Celui d’une flânerie sans homme. Ou peu d’hommes. Le rapport à la moitié masculine de l’humanité existe cependant en tant que contrainte : culturelle (accaparement historique des espaces), affective (un amour que l’auteure s’oblige à suivre à Tokyo) ou sujet d’étude professionnelle (Greg, l’amant de Sophie Calle photographe…). Est-ce à l’image de ce qu’on apprend de mère en fille chez les Elkin : traverser Times Square « sans regarder personne dans les yeux » ?
Enfin celui d’une flânerie entre femmes-références, celles pour lesquelles on remercierait volontiers Lauren Elkin de suggérer à l’Académie le concept de Mair, tant celui de Pair se trouverait ici ambigu, ou inadapté à une orthographe inclusive.

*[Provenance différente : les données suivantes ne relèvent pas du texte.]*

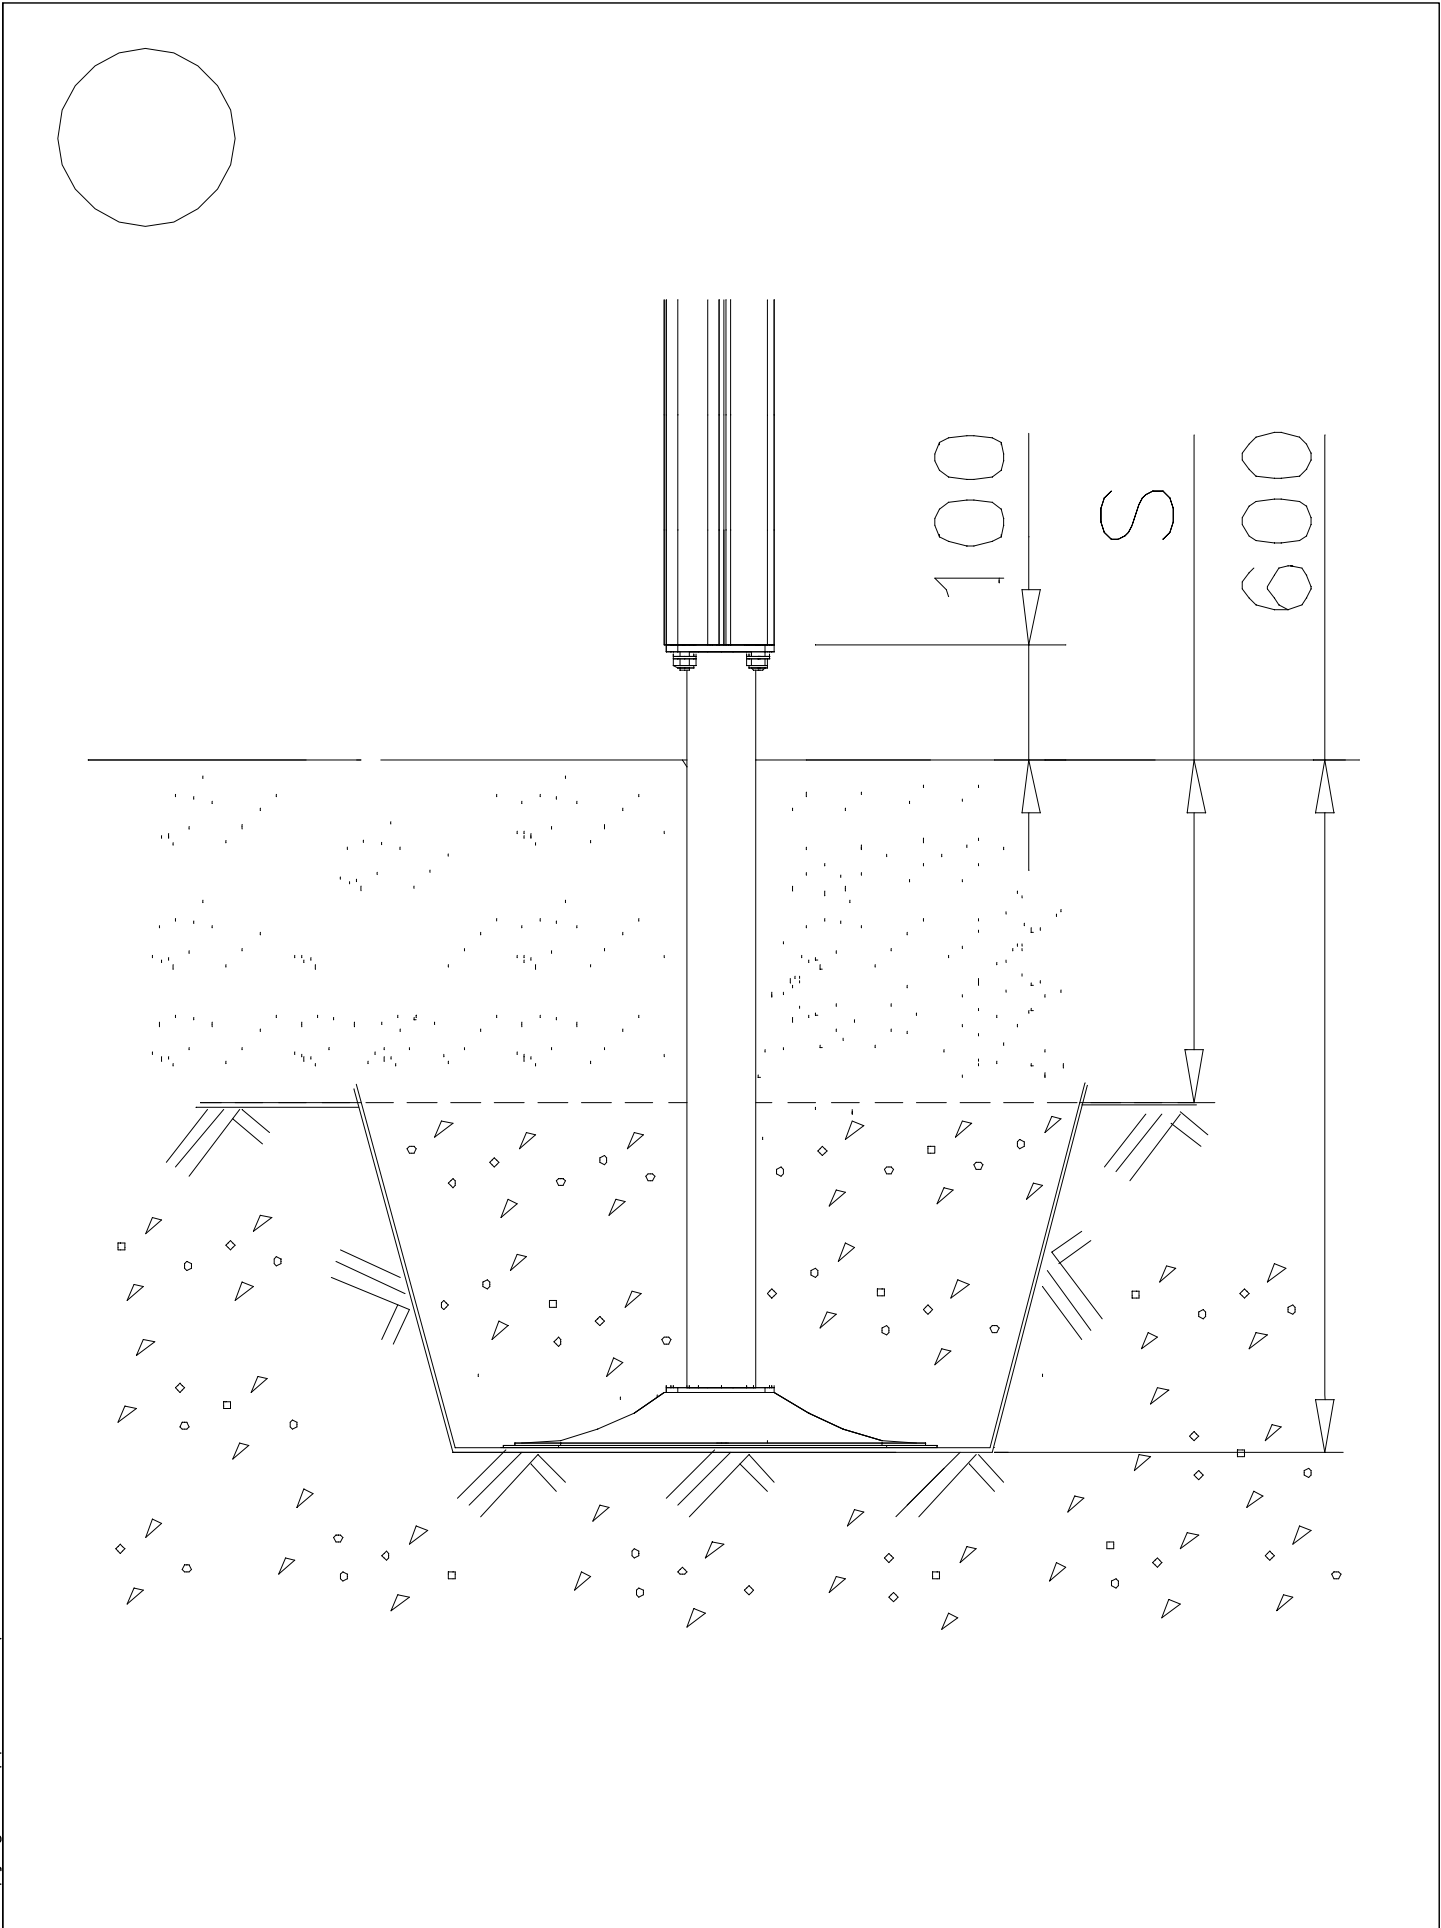

EN/AS Impact Area 40.9 m²

—— EN/AS Impact Area 40.9 m²
- - - - Falling Space 40.9 m²
Max Falling Height 1470 mm

1:40

1:40

<p>DET 1</p>	<p>DET 2</p>	<p>DET 3</p>	<p>DET 4</p>
<p>DET 5</p>	<p>DET 6</p>	<p>DET 7</p>	<p>DET 8</p>
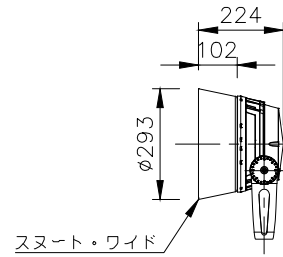

□ VS - バイザー

□ SN - スマート

□ SNW - スマート・ワイド

□ WG - ワイヤーガード

□ LSLA - スプレットレンズ

※製品仕様は改良の為、予告なく変更となることがあります。

7					特記事項				名称	ルーメンビーム・ラージ オプション			
6									形式	LBL-			
5									尺度	S=1/20(A4)	作成日	2022.9.1	
4									<b>ARCHITAINMENT</b>				
3													
2													
1													
部番	品名	数量	材質	摘要	照査	串田	設計	南木

Cinq angles donc, comme cinq focales d’un entre-soi féminin et urbain, décliné à travers cinq villes. LireFlâneuse, c’est accepter cela. On aura compris encore une fois qu’éditer c’est choisir et segmenter. Le lectorat n’échappe pas à cette règle désormais acquise chez nos entrepreneurs en littérature. Pour cette première raison, en tant que lecteur, il faut donc un certain courage pour s’aventurer dans Flâneuse. Ensuite parce que de rares écueils en pavent les abords. Dangereux cependant. Il vaut mieux les contourner, les noter sur la carte, et pardonner leur présence inutilement partisane ou rancunière : Les grands auteurs de la ville écrivent à tout bout de champ sur le travail des uns et des autres, donnant ce faisant naissance à un canon réifié des écrivains marcheurs. Comme si un pénis constituait un appendice indispensable pour la marche. Alors qu’un peu plus loin, à propos des femmes auteures qui s’aventurent à flâner en ville, elle note : leurs expériences se diffusent et se ramifient jusqu’à former un réseau qui défie toute velléité de catalogage. À suivre Lauren Elkin sur ce chemin, on s’égarerait à penser qu’entre hommes on « réseauterait » en usant de puissance phallique dominatrice ; alors qu’entre femmes on communiquerait en diffusant de discrètes richesses d’expérience.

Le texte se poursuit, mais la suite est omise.